- [EXERCISE DETAILS]:
Find every line below with the string "BIRD" and pick it out.

- [MATERIAL TO PROCESS]:
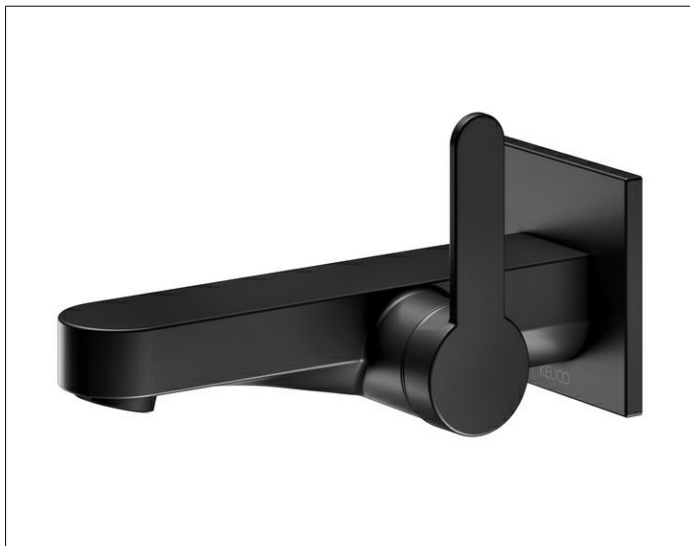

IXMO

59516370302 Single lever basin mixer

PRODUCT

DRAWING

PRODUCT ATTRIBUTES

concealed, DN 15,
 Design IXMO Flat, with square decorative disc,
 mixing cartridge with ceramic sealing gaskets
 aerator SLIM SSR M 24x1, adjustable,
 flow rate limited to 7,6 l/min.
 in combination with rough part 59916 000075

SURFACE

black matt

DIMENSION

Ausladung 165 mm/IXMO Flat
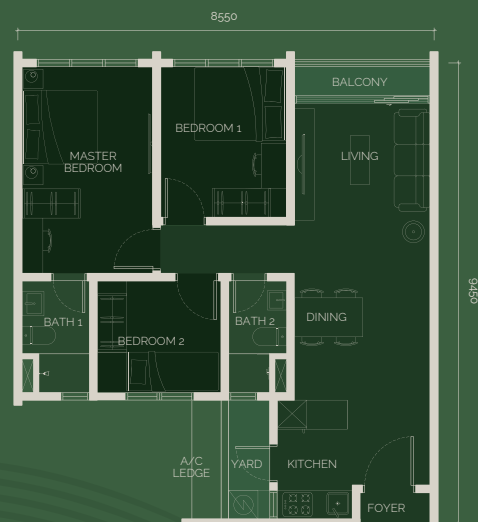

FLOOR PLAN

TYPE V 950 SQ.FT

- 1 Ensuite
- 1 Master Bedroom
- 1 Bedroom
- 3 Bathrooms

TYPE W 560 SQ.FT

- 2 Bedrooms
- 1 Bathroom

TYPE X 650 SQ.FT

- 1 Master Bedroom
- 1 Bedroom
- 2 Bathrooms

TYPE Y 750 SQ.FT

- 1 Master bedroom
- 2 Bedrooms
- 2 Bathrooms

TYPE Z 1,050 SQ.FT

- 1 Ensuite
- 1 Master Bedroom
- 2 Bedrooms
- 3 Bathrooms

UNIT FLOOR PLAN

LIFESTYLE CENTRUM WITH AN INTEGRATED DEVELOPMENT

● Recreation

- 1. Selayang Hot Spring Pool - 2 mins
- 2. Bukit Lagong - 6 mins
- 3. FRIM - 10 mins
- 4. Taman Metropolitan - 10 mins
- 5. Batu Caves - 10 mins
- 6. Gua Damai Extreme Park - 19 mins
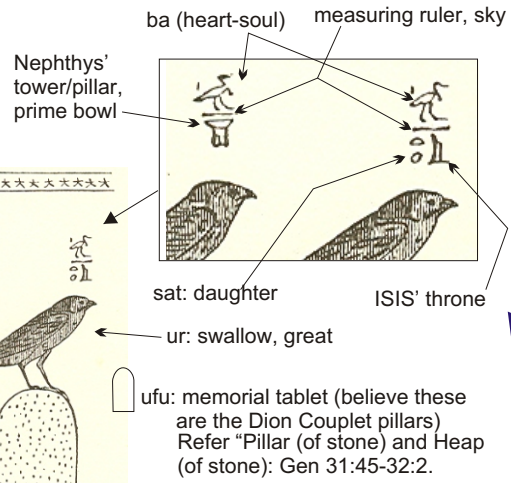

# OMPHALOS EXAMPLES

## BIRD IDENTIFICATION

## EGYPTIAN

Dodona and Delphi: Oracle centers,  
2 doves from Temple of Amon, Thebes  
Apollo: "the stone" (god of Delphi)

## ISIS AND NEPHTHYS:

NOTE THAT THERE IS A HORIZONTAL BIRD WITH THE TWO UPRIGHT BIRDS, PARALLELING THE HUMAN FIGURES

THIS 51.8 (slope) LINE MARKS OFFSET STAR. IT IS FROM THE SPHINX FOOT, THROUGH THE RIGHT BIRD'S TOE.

...

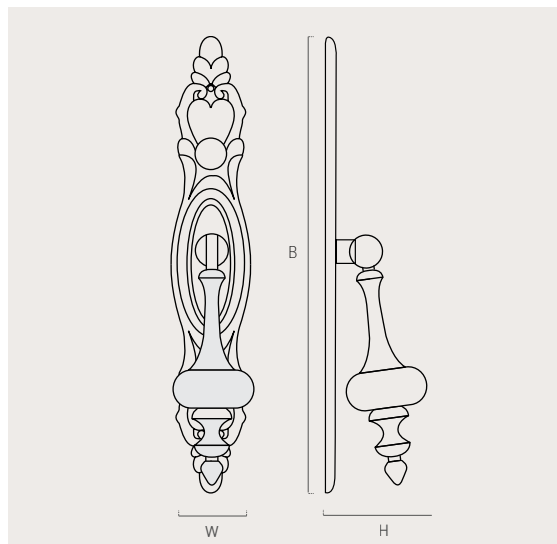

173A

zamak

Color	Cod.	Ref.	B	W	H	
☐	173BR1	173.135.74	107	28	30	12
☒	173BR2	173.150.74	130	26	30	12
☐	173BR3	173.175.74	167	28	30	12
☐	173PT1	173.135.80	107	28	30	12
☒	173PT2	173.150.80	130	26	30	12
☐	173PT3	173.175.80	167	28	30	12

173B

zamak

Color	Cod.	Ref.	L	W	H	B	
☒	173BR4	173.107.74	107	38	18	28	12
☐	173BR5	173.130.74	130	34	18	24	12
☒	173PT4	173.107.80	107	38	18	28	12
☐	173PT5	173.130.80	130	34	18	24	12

- [OUTPUT OF THE TASK]:
## BIRD IDENTIFICATION
NOTE THAT THERE IS A HORIZONTAL BIRD WITH THE TWO UPRIGHT BIRDS, PARALLELING THE HUMAN FIGURES
THIS 51.8 (slope) LINE MARKS OFFSET STAR. IT IS FROM THE SPHINX FOOT, THROUGH THE RIGHT BIRD'S TOE.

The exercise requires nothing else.